[[ Data for processing, beginning ]]

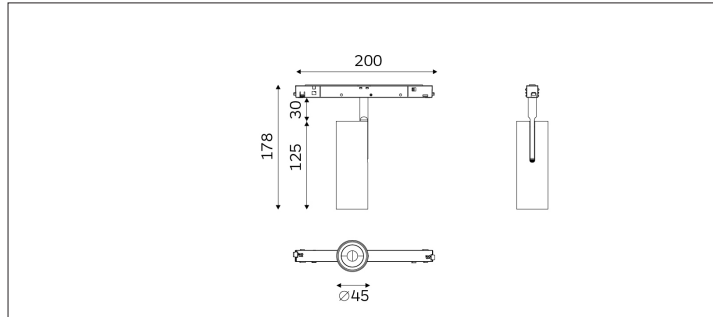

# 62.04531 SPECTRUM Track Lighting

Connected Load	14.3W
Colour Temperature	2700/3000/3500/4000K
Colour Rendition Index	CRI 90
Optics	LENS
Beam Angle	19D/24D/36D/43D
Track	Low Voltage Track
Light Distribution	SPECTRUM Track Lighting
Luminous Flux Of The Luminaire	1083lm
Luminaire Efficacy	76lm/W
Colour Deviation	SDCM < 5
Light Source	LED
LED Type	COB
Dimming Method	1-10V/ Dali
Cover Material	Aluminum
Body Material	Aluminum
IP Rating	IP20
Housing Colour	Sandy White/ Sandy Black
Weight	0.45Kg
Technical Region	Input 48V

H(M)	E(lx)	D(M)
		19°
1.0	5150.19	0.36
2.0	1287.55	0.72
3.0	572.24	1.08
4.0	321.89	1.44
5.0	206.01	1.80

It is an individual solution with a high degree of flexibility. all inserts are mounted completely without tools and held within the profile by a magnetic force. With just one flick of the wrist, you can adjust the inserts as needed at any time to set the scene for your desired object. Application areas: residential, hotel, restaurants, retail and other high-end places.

[[ Data for processing, end ]]
[[ Data for processing, beginning ]]

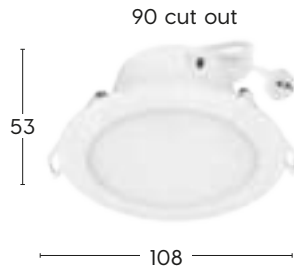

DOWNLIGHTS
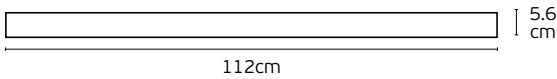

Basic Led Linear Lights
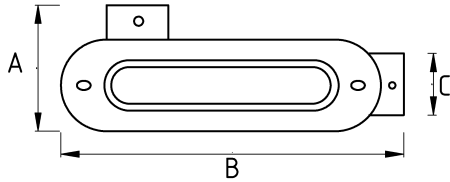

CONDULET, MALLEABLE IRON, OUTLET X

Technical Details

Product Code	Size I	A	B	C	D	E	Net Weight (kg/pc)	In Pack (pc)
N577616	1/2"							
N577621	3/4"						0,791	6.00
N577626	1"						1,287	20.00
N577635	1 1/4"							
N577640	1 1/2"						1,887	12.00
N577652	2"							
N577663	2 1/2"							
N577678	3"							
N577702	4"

[[ Data for processing, end ]]

Report the number of lines of the listing above that hold the string "Weight", with no other text.

(Task result):
2